For more than a decade, Affinity was the rebel of professional design software: a serious, Adobe-grade toolkit you could buy once and own forever. No subscription, no recurring bill, just a $69.99 one-time purchase per app. In October 2025, that story changed in the most dramatic way possible — Canva, which acquired Affinity's maker Serif in 2024, made the entire suite **completely free**.
If you've been paying Adobe $22.99 a month for a single app — or $69.99 a month for the full Creative Cloud lineup — this is worth paying attention to.
What actually changed
Affinity used to ship as three separate apps: Designer (vector), Photo (raster), and Publisher (layout). Each was sold individually as a one-time purchase. As of the October 2025 relaunch, Canva discontinued those standalone products and folded all three into a **single unified app simply called Affinity** — and dropped the price to zero.
That's not a free trial or a stripped-down "lite" tier. It's the full professional toolset: the pen tool, boolean operations, non-destructive raster editing, CMYK and print-ready output, and the genuinely useful ability to switch between vector, pixel, and layout modes inside one document. The thing designers historically paid for is now the free product.
The catch, such as it is, lives in the business model. Canva isn't running a charity — Affinity is now the on-ramp to Canva's broader ecosystem, and some AI-assisted and cloud features lean on a Canva account. But for the core craft of designing logos, illustrations, layouts, and edited images on a desktop, the price is genuinely nothing.
Why Canva did this
Canva's strategy here is straightforward: own the entire spectrum of design, from the marketer who has never opened a layers panel to the professional who lives in bezier curves. Canva already dominates the template-first, browser-based end of the market with 150 million-plus users. What it lacked was credibility with serious designers who consider Canva a toy.
Affinity buys that credibility instantly. By making it free, Canva removes the single biggest barrier to adoption — cost — and pulls professionals into its orbit. Every designer who installs Affinity is a designer who now has a reason to keep a Canva account open. It's the same playbook that made Figma's free tier so sticky, aimed squarely at the people Adobe has spent years frustrating with price hikes and subscription lock-in.
What it means for the Adobe alternative debate
For years the honest answer to "what's the best Adobe alternative?" came with an asterisk. Affinity was excellent but cost money up front. GIMP and Inkscape were free but rough around the edges.

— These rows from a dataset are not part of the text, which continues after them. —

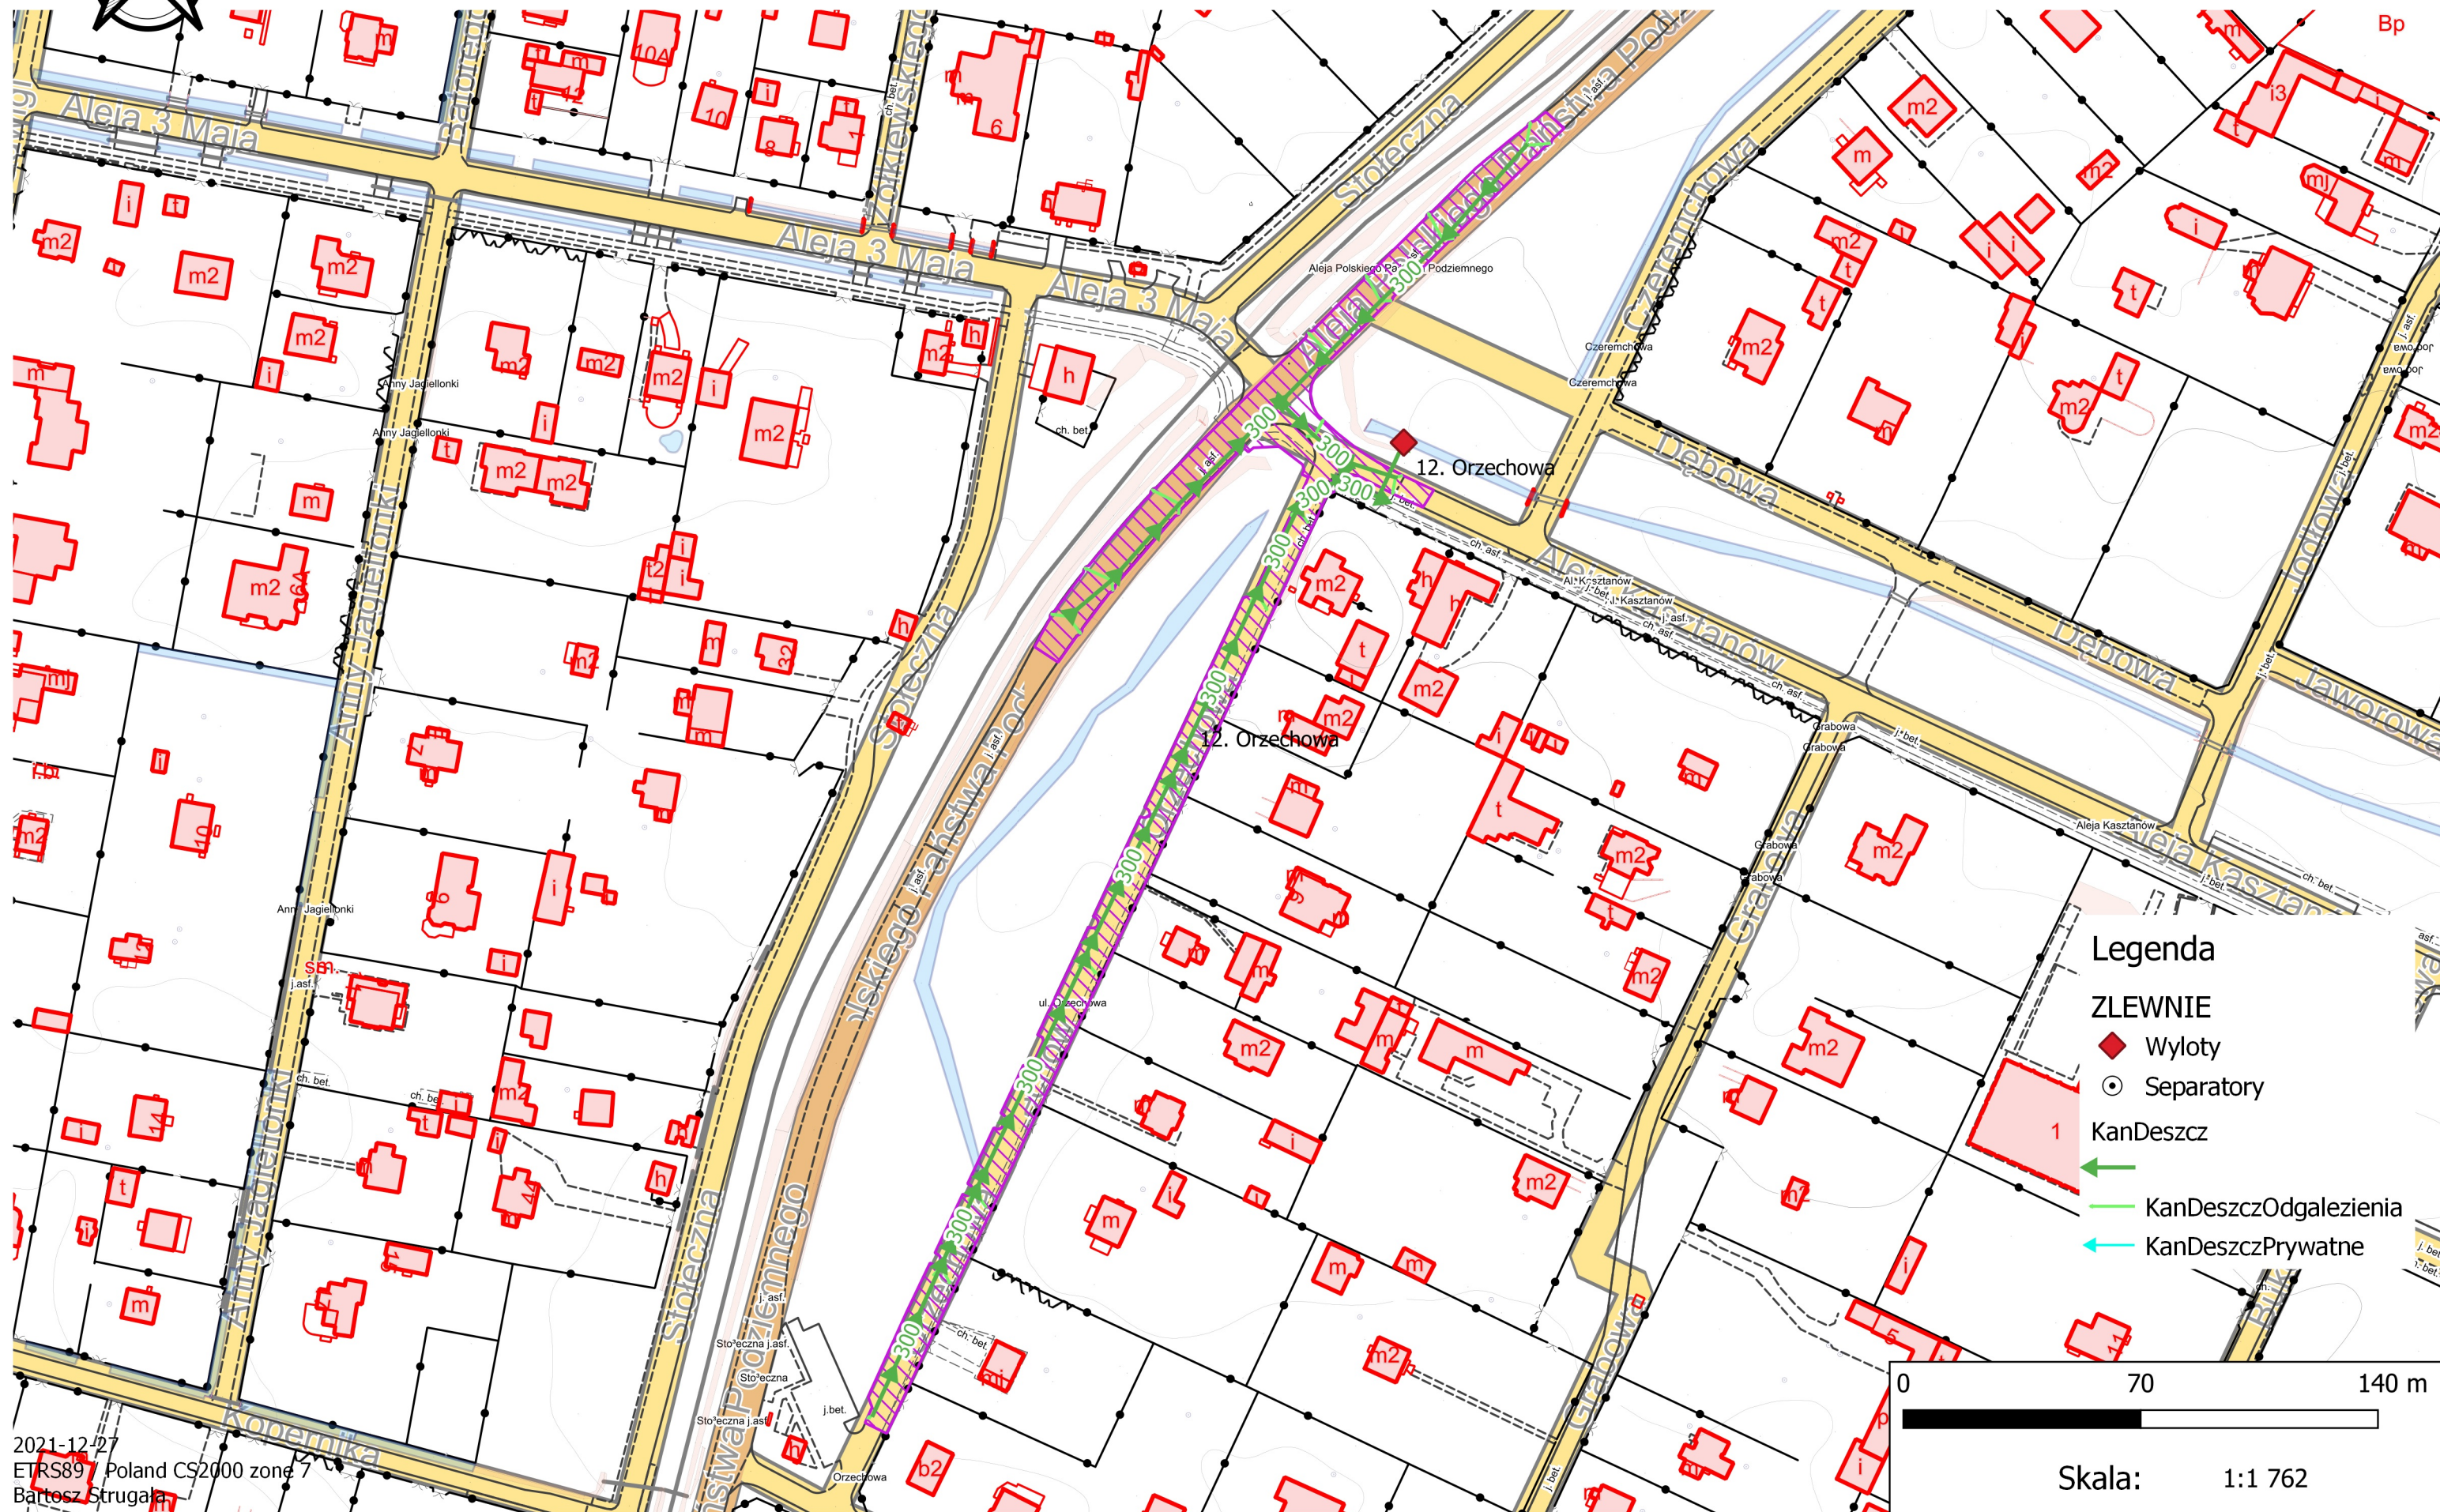

# Zlewnia: 12. Orzechowa

## Legenda

### ZLEWNIE

- ◆ Wyloty
- ⊙ Separatory

- ← KanDeszcz
- ← KanDeszczOdgalezenia
- ← KanDeszczPrywatne

Now there's a free, polished, genuinely professional option that covers vector, raster, and layout in one app.
That reshapes the calculus for a lot of people:
- **Freelancers and students** who balked at Adobe's monthly bill now have a zero-cost path to professional-grade tools.
- **Small studios** can equip an entire team without per-seat licensing math.
- **Occasional designers** who only need to crank out the odd logo or print piece no longer have to rationalize a subscription they barely use.
Adobe still wins where it matters most for power users — deeper feature sets, the industry-standard file formats, the plugin ecosystem, and tight integration across Creative Cloud. Illustrator at $22.99 a month single-app remains the default in agencies and enterprises for a reason. But the "I just can't justify the cost" objection now has a very strong answer, and that answer didn't exist a year ago.
The bigger trend
Affinity going free is part of a broader 2026 reshuffling of the design-tool landscape. InVision shut down its design products entirely at the end of 2024. Uizard was absorbed into Miro. The standalone-tool era is consolidating fast, with a handful of platforms — Adobe, Canva, Figma — racing to own as much of the workflow as possible.
For designers, the short-term win is real: more capability for less money than at almost any point in the field's history. The longer-term question is the one that always follows free software backed by a giant — what happens to the product, and the pricing, once enough people depend on it.
**The takeaway:** if you've been hunting for a way out of Adobe's subscription, download Affinity and try it before anything about that "free" changes.